Of course CTR still matters. But it has to be looked at in conjunction with context, creative, impressions delivered, and sales.

 

Beyond the Click Through

From the beginning, online advertising has been touted as something altogether different from print, broadcast and outdoor—an advertising medium where you can truly measure results. Unfortunately, the reality is that when there is so much information to be had, it’s hard to know what’s worth focusing on. In fact, the full-on pursuit of ROI can distract not only from significant results but also from pursuing the kind of thinking we need to create truly innovative and effective marketing campaigns.

Most advertisers concentrate on click-through rate (CTR) as the definitive measure of any digital campaign. But several recent studies from comScore suggest that CTR is not the single most important measurement. By studying search, site traffic and consumer spending patterns, comScore has found a significant correlation between ad impact and consumer behavior for up to four weeks following ad exposure.

The Silent Clicke
from "The Silent Click"—(c) 2009 Online Publishers Association and comScore

You can see from this graph that online ads have a powerful “display” function that resonates beyond the campaign itself, and is not measurable by CTR alone. As Forbes reported on a 2008 study, “comScore found readers were 46% more likely to visit an advertiser’s site within four weeks of seeing its ad online than they were if they did not view an ad.” Verso Digital’s own experience with campaigns for book publishers supports these findings.

Our own projects—on the Reader Channels and throughout the digital sphere—indicate that the most relevant campaign metric is often not CTR, but numbers that reveal other user behavior such as site visitation, engagement, and, most important, sales. While generating outstanding site-engagement, some of our most successful campaigns in fact showed only average to below-average CTRs. In one case, a pre-sales ad campaign for Thomas L. Friedman’s Hot, Flat and Crowded promoted free audio downloads. It led to over 99,000 downloads, 13,000 registered email addresses and 160,000+ users available for retargeting. In another case, an ad campaign promoting a key chain giveaway for John Grogan’s Bad Dogs Have More Fun led to over 100,000 people registering to learn more about the book. The publisher saw major traffic continuing for at least four weeks following the conclusion of the Verso Reader Channel ad campaign—with no additional publicity, promotion or advertising to support it.
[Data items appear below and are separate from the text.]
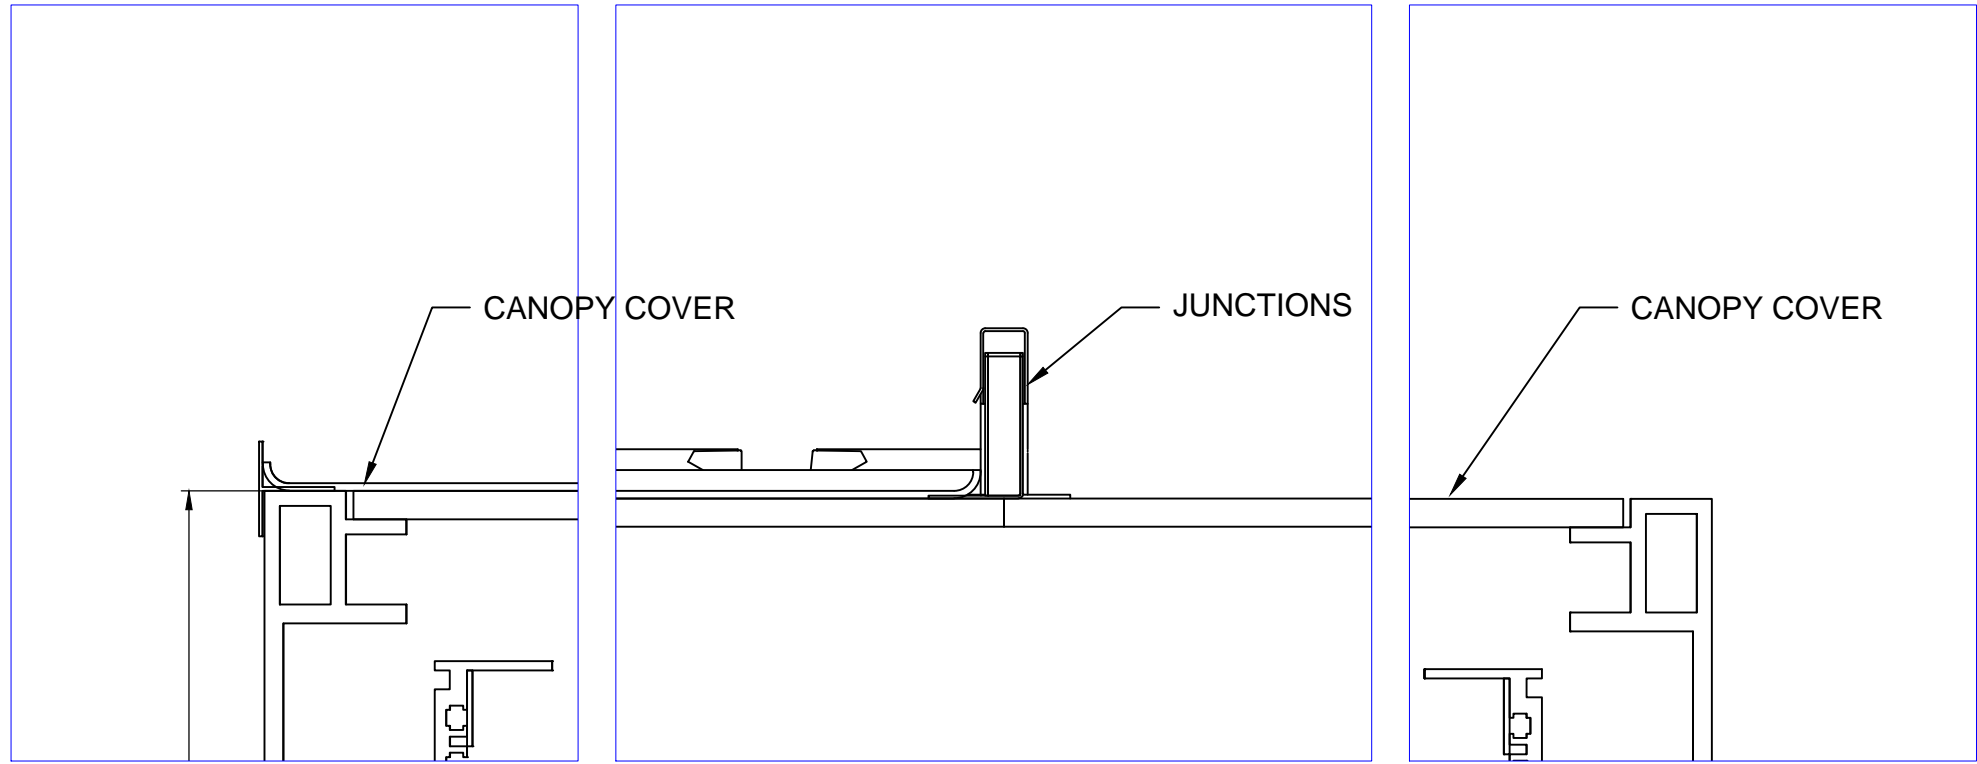

OUTSIDE

C-C

INSIDE

FOR INFORMATION			
Duotour			
DRAWINGNUMBER DUOTOUR	REV. -	SHEET 4 / 6	WITHOUT SHOWCASE
DOORNUMBER DTAT2403	PROJECTNUMBER ---		
REV. BY MDG	29-1-2013		
DESCR. ----	© BOON EDAM WWW.BOONEDAM.COM		
DRAWN ---	26-4-2010		FORMAT A3
CHECKED ----			UNITS MM
STATUS RELEASED			SCALE 1:100 (1:4)

CTR remains a useful metric, but only when considered in relationship to sales, traffic, search, and total impressions delivered. Campaigns on premium sites with a great book audience, such as the NYTimes.com, often generate CTRs well-above average. But because ads on the site are so expensive, the total number of people reached, and thus the total number of people who click through, is relatively small. For example, a $10,000 spend on a site with a $40 CPM results in 250,000 impressions delivered. When the CPM drops to $5, however, that same $10,000 delivers 2 million impressions. At a standard .1% CTR, $10,000 spent with a $40 CPM delivers 250 clicks. With a relatively below-average .05% CTR, $10,000 spent with a $5 CPM delivers 1,000 clicks. In this scenario, the campaign with the lower CTR actually performed better by delivering more users to the site. For this reason, CTR should always be considered hand-in-hand with total impressions delivered.

The goal of each new marketing campaign—and the measure of its success—must reflect the resources at hand and how you can best reach the community of potential readers. What doesn’t change is the need for flexible ideas and an ability to think through each niche effort in its full context.